Dataset entries:
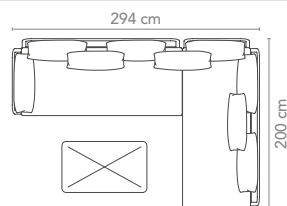

Arrangement F
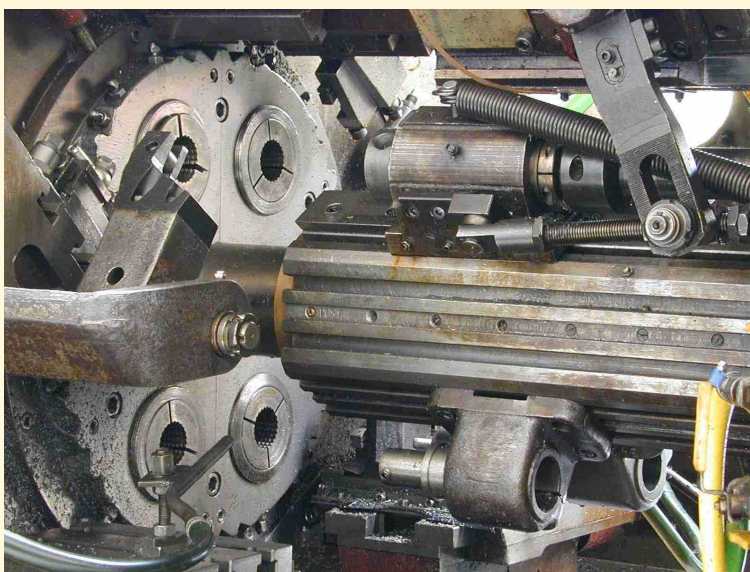

Tipologia	Plurimandrino	Anno costruzione	1986	Luogo	
Costruttore	Gildemeister	Condizione	Discreta	Data	
Modello macchina	AS 48 Fat				

Foto

Dati tecnici

Passaggio barra 48
 Numero mandrini 6
 Numero di serie
 Controllo numerico

Dotazioni – Accessori

Indipendente in stazione 5
 Fascio tubi
 Piantana
 Convogliatore di trucioli
 Portautensili
 Camm
 Ingranaggi vari

Condizioni di vendita

Prezzo
 Consegna

Caricatore

Marca
 Modello
 Matricola
 Anno
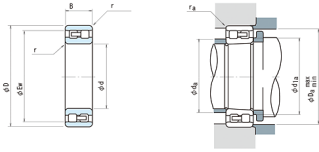

BEARING MFG.CORP.

NN3036 NSK CYLINDRICAL ROLLER BEARING

Bearing No. NN3036

NN3036 Bearing 2D drawings and 3D CAD models

hidYobi	NN3036
LangID	1
D_	280
C	565
B_	74
da min	191
hidTable	ecat_NSCLDRD
Oil rpm	2400
Ew	255
mass	16.8
GRS rpm	2000
ra max	2
C0	995
DE_	255
Prod_Type3	CRB_SR_NN_CB
d	180
DA_	23
Z_	26
d1a min	193
D_a max	269
D_a min	258
yobi	NN3036
ALPHA_	0
SDM_	232
r	2.1
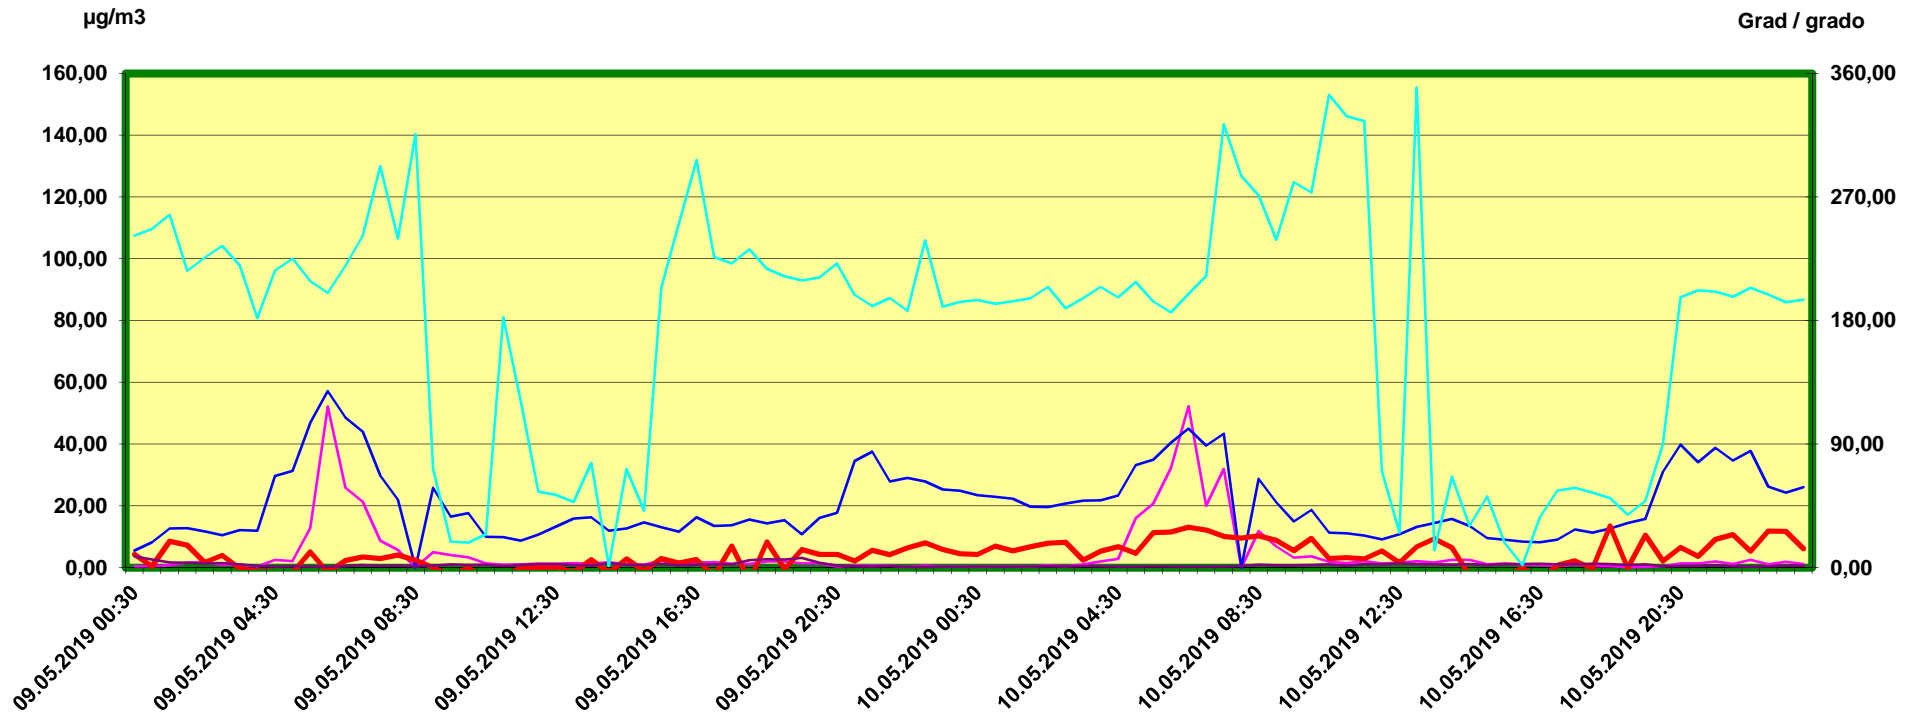

Innsbruck Sillhöhe

Zeitraum / Periodo di tempo: 9-5-2019 00:30 - 10-5-2019 24:00 Unkorrigierte Werte / Valori non corretti

*TRY IT*:
Read the lines above. Gather those in which the string "Anno" is found.

*SOLVED EXERCISE*:
Tipologia	Plurimandrino	Anno costruzione	1986	Luogo	
 Anno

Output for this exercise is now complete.